The point of forward secrecy is to break that attack, so that your adversary needs your long-term secret at the time it was used to send a message; having it after the fact doesn't help.

I'm sometimes in the mood to write long posts and comments explaining this stuff, but today, on the bottom of this old thread, if you're trying to make a point about PGP vs. Signal and don't know how forward secrecy works, I'm probably the wrong person to have this conversation with.

[reifyx]

>The premise of cryptographically secure messaging is that you have an adversary recording all your message traffic.

Agreed.

>Lack of forward secrecy implies, logically, that if your long-term secret is ever compromised, every message you've ever sent is recoverable from the adversary's archive.

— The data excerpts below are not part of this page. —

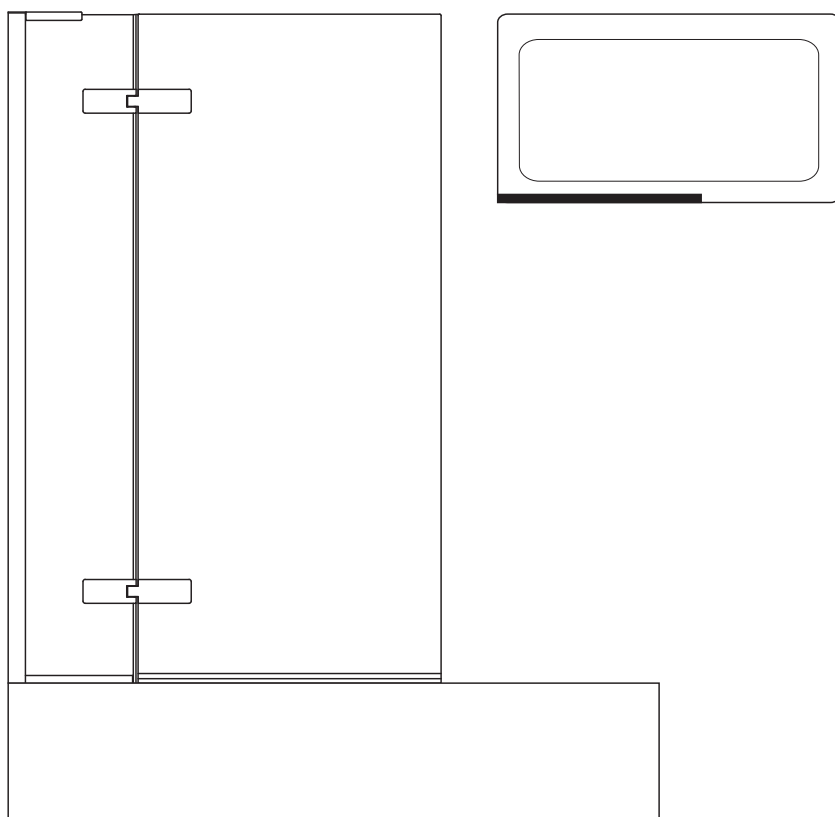

# Mira Ascend hinged bathscreen

Hinged bathscreen  
Configuration options  
1000mm

## Dimensions & tray compatibility

All sizes are in mm

Mira Ascend hinged bathscreen	Size	Glass	Glass Thickness	Frame Adjustment (Alcove)	Frame Adjustment (Corner)	Door Opening	Flight Tray Compatibility	Flight Low & Safe Tray Compatibility
1.1862.201	1000	Clear	8mm	n/a	1000-1020mm	n/a	n/a	n/a

## **Check out our full range of Shower Enclosures**

Quadrant Shower Enclosures

Corner Entry Shower Enclosures

Walk in Shower Enclosures

Sliding Shower Doors

Bifold Shower Doors

Pivot Shower Doors

Hinged Shower Doors

Shower Screens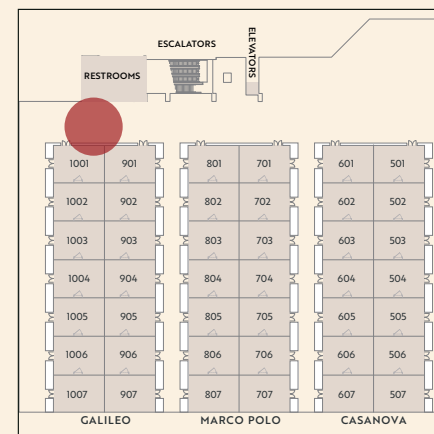

Default: The Venetian Resort promo loop

ELEVATOR LANDING

One 43" Digital Display

LOCATION

Right of the elevator

DISPLAY CODE: LIELV

Default: The Venetian Resort promo loop

Option 1: Takeover display for custom loop

Option 2: Brand the existing interactive Wayfinders

MEETING ROOM ENTRANCE DISPLAYS

Galileo, Marco Polo, Casanova

DISPLAY CODE: MRL1 (ROOM #)

- Default:** Meeting agenda for each room
- Option 1:** Takeover display for custom loop
- Option 2:** Replace background in The Venetian Resort posting systems **OR**
Provide a single-show graphic for all meeting rooms

Also agreed. I am trying to say that this only gives you better security for messages that you have deleted on your device, because if you haven't, regardless of whether your protocol is forward-secret or not, the adversary that has the power to compromise your device will get access to the message the plaintext of which is on the device, even if the keys aren't. Thus, the scope is significantly limited, unless you have a policy to regularly delete old messages on your device, and most people do not want this for email.

I can assure you I understand the cryptographic properties of forward secrecy. I don't understand your claim that it is a strict requirement for every secure messaging system, including an email-like usecase.

>I'm sometimes in the mood to write long posts and comments explaining this stuff, but today, on the bottom of this old thread, if you're trying to make a point about PGP vs. Signal...

I already said several times I don't care about PGP. I feel like you're not really reading or responding to any of my arguments about why forward secrecy doesn't really help you much in most users' threat models or why it precludes various desirable features (of course, I could be wrong here, which is what I'm asking about). Thanks for your time anyway.